Top of Source material

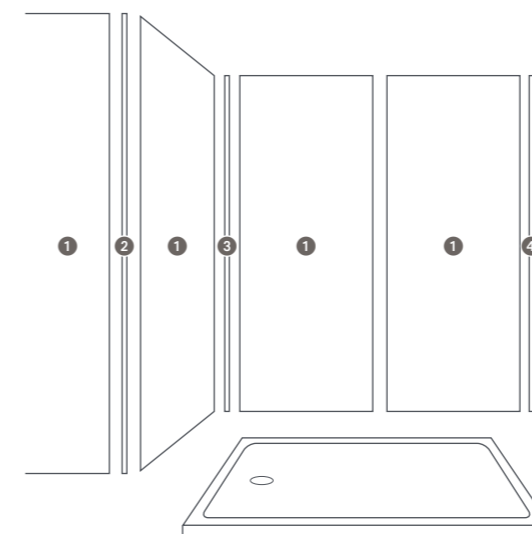

Aqua Wall Installation

Aqua Wall panels have been specially designed to enable straightforward installation, thanks to the lightweight SPC core and ClickSeal™ locking system. With just a few simple tools and a good quality adhesive and silicone, you will be able to transform your room in no time. Careful preparation is the key to a stress-free installation, so take time to check your walls, plan your cuts and ensure you're happy with the layout of the panels before fixing anything to the wall.

Please scan the QR code above to download our full installation guide or watch our handy video. Each box of Aqua Wall panels is also supplied with a printed copy of the installation instructions, so please read these fully before beginning your project. Adherence to the installation instructions is critical for a safe, efficient and warranted installation. If you've got any questions, please feel free to contact our helpful Customer Support team on 0113 244 4984.
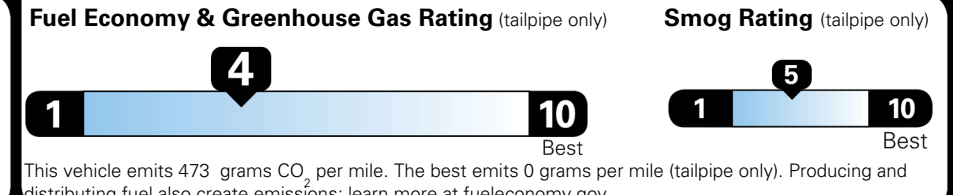

EPA DOT Fuel Economy and Environment

Gasoline Vehicle

Fuel Economy

19 MPG
combined city/hwy

16 MPG
city

22 MPG
highway

5.3 gallons per 100 miles

Standard SUVs range from 12 to 115 MPG. The best vehicle rates 146 MPGe.

You spend $8,000
more in fuel costs over 5 years
compared to the average new vehicle.

Annual fuel cost $3,300
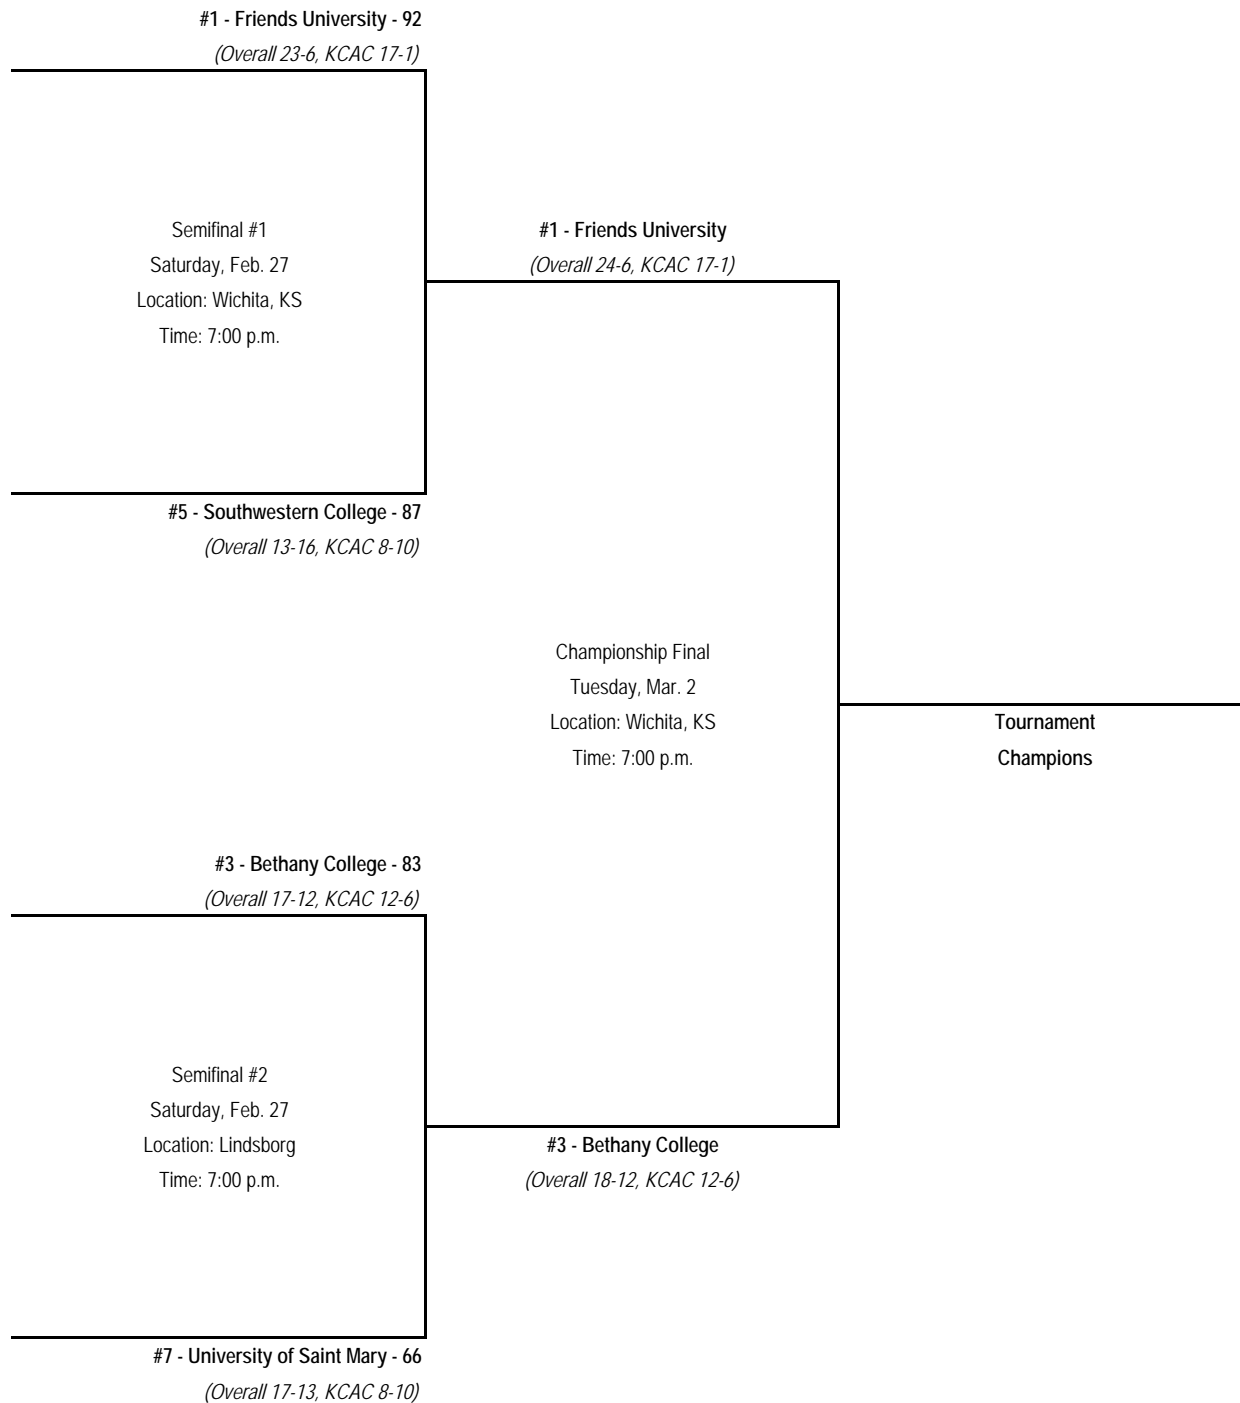

# Kansas Collegiate Athletic Conference 2009-2010 Men's Basketball Championships

# Kansas Collegiate Athletic Conference 2009-2010 Men's Basketball Championships

#1 - Friends University - 79

*(Overall 22-6, KCAC 17-1)*

#8 - Tabor College - 63

*(Overall 10-17, KCAC 7-11)*

Play-In Game #1  
Monday, Feb. 22  
Location: Hillsboro, KS  
Time: 7:00 p.m.

Quarterfinal #1  
Thursday, Feb. 25  
Location: Wichita, KS  
Time: 7:00 p.m.

#1 - Friends University  
*(Overall 23-6, KCAC 17-1)*

#9 - Bethel College - 62

*(Overall 7-21, KCAC 4-14)*

Semifinal #1  
Saturday, Feb. 27  
Location: Wichita, KS  
Time: 7:00 p.m.

Bottom of Source material

The material above holds pictures; leave them out. Repeat exactly the lines from the one containing "You spend $8,000" through the one containing "#8 - Tabor College - 63", and nothing else.

You spend $8,000
more in fuel costs over 5 years
compared to the average new vehicle.

Annual fuel cost $3,300

# Kansas Collegiate Athletic Conference 2009-2010 Men's Basketball Championships

# Kansas Collegiate Athletic Conference 2009-2010 Men's Basketball Championships

#1 - Friends University - 79

*(Overall 22-6, KCAC 17-1)*

#8 - Tabor College - 63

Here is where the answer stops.